**ABOUT THIS TASK**
Set down the records exactly, and omit any image found in them.

----------

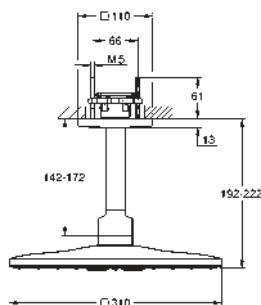

26 481 LSO moon white 601.00

Rainshower 310 SmartActive Cube
Head shower set ceiling 142 mm, 2 sprays

consisting of:
head shower Rainshower 310 SmartActive Cube, spray plate moon white
2 spray patterns:
GROHE PureRain, ActiveRain
142 mm ceiling shower arm
GROHE DreamSpray perfect spray pattern
GROHE StarLight finish
SpeedClean anti-lime system
Inner WaterGuide for a longer life
requires rough-in set 26 483 000 or 26 484 000 - to be ordered separately
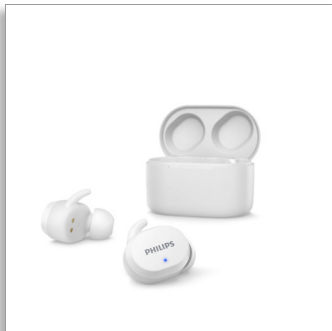

#### Earbuds with in-ear fit

Portable charging case  
IPX5 water protection  
Up to 26 hours play time

TAT3216WT

----------

**EXERCISE ANSWER**
26 481 LSO moon white 601.00

Rainshower 310 SmartActive Cube
Head shower set ceiling 142 mm, 2 sprays

consisting of:
head shower Rainshower 310 SmartActive Cube, spray plate moon white
2 spray patterns:
GROHE PureRain, ActiveRain
142 mm ceiling shower arm
GROHE DreamSpray perfect spray pattern
GROHE StarLight finish
SpeedClean anti-lime system
Inner WaterGuide for a longer life
requires rough-in set 26 483 000 or 26 484 000 - to be ordered separately

#### Earbuds with in-ear fit

Portable charging case  
IPX5 water protection  
Up to 26 hours play time

TAT3216WT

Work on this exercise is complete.